I think the general consensus is that quite a bit, but maybe not ALL, of the Apple Copland demo videos were either faked, or extremely carefully edited and modified to look correct.  What's definitely the case is that the versions released to developers did not look and absolutely did not function like what was shown.

I have d11 on a 6100, and it only has the platinum theme, and there are no animations at all.  The theme itself and even the font are subtly different, but extremely close to what we got in MacOS 8.  See https://macintoshgarden.org/forum/writing-software-copland for screenshots of my machine running it, including software I wrote (just standard Mac stuff, that took no advantage of anything new in Copland).

It looks like d7 had the Gizmo theme https://www.youtube.com/watch?v=FoVEZb2ropk but he doesn't go to a menu in the video so we can't see if there were animations.  BTW, d11 is much more stable, and not QUITE as terrible as what the guy goes through in the video, but still very very fragile and goes to the debugger constantly, needing reboots after running just about anything.
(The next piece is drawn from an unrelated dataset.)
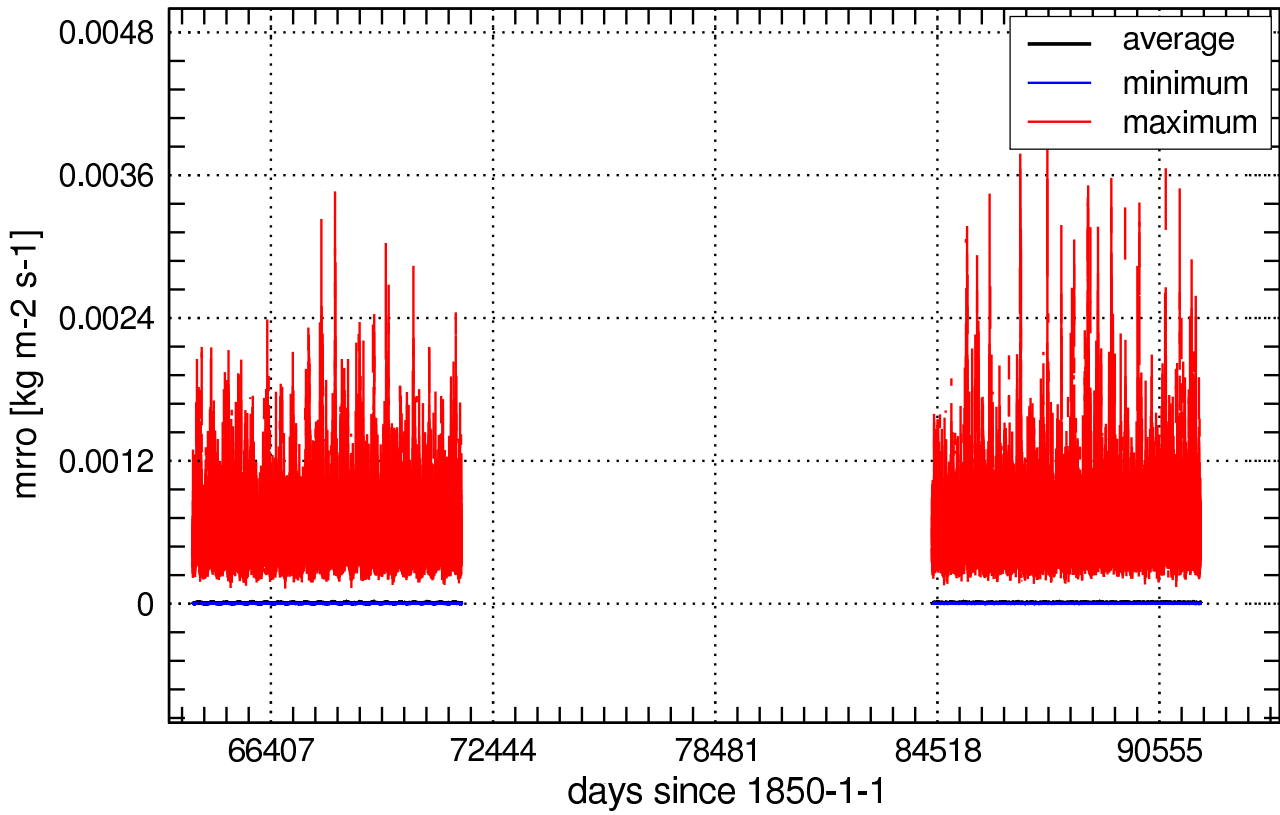

qc_mrro_3hr_MIROC-ESM_rcp85_r1i1p1.nc

Global Values of mrro_3hr

I really should install d7 or d9 on my 6100, always wanted to, just to see, but at the same time, have spared myself the grief and pain of doing so.

One strange thing is d11 is actually missing a bunch of things d7 or d9 had.  They probably left them out because they didn't want people trying them, and having them fail, wanted them to focus on what actually worked.

There were sets of include files distributed with the Copland Developer releases.  I think I remember seeing one mentioning "Desktop Animations".  I might be able to dig them up.  Regardless, the concept was definitely abandoned and never made it past Copland.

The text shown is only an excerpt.